The Architecture of Language Discretisation

This comprehensive analysis investigates the critical role of tokenisation—the conversion of continuous text into discrete numerical representations—within the architecture of large language models (LLMs). It argues that this process, far from being a simple preprocessing step, fundamentally dictates a model's computational efficiency, morphological understanding, and inherent linguistic biases. The presentation begins by tracing the historical evolution from semantically rich but vocabulary-heavy word-level tokenisation to computationally expensive character-level methods, establishing the context for the rise of subword algorithms like Byte-Pair Encoding (BPE).
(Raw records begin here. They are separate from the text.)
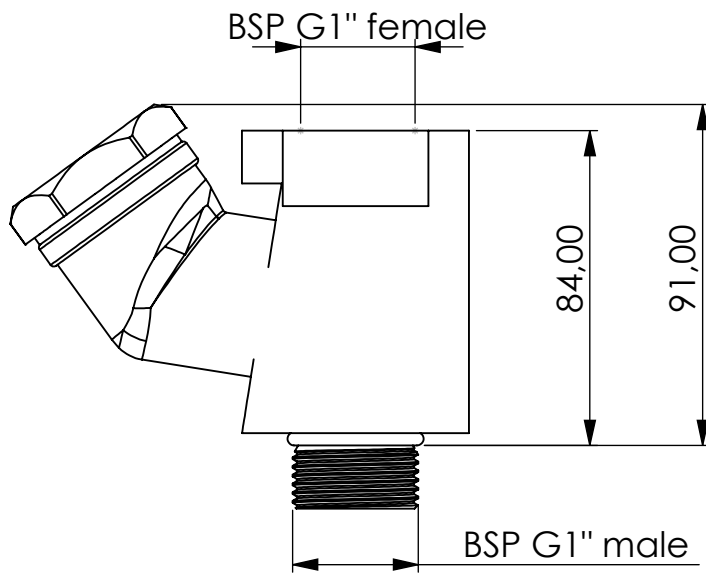

Filling Adapter

Product Code	FILL	-	AD	-	AL	-	F	-	G1i	-	G1a
	Filling Adapter		Adapter BSP connection		Material Aluminium		FKM seals		Connection for Adsorber BSP G1" female		Connection for System BSP G1" male

Total weight (kg): 0.685

NAME:

Filling Adapter
FILL-AD_AL_F_G1i_G1a

Article no.:
08.2112.18

Status approved

Format A4

Ratio 1:2

Sheet / of 1 / 1

Through a controlled experiment tokenising a literary corpus, the analysis reveals counterintuitive results where a naive whitespace-based tokeniser achieves superior compression to a sophisticated GPT-2 BPE model, exposing architectural flaws in how BPE handles whitespace and fragments text. This leads to a deeper examination of the tangible consequences of tokenisation, including cognitive blind spots in models (such as the inability to count characters in a word), degraded arithmetic reasoning, and a significant "multilingual token tax" that financially and computationally disadvantages non-English users. Critically, the presentation debunks the long-held assumption that maximal text compression yields superior model performance, highlighting research that shows overly optimised tokenisers can underperform by violating natural linguistic structures. In response to these limitations, the analysis explores the architectural frontier, detailing promising solutions such as SuperBPE, which captures multi-word expressions by bridging spaces, and the more radical Byte-Level Transformer (BLT) paradigm, which aims to eliminate tokenisation entirely by processing raw byte streams. The work concludes that the future of the field lies in moving beyond the rigid constraints of static subword vocabularies toward more flexible, equitable, and architecturally native systems that better reflect the fluid reality of human language.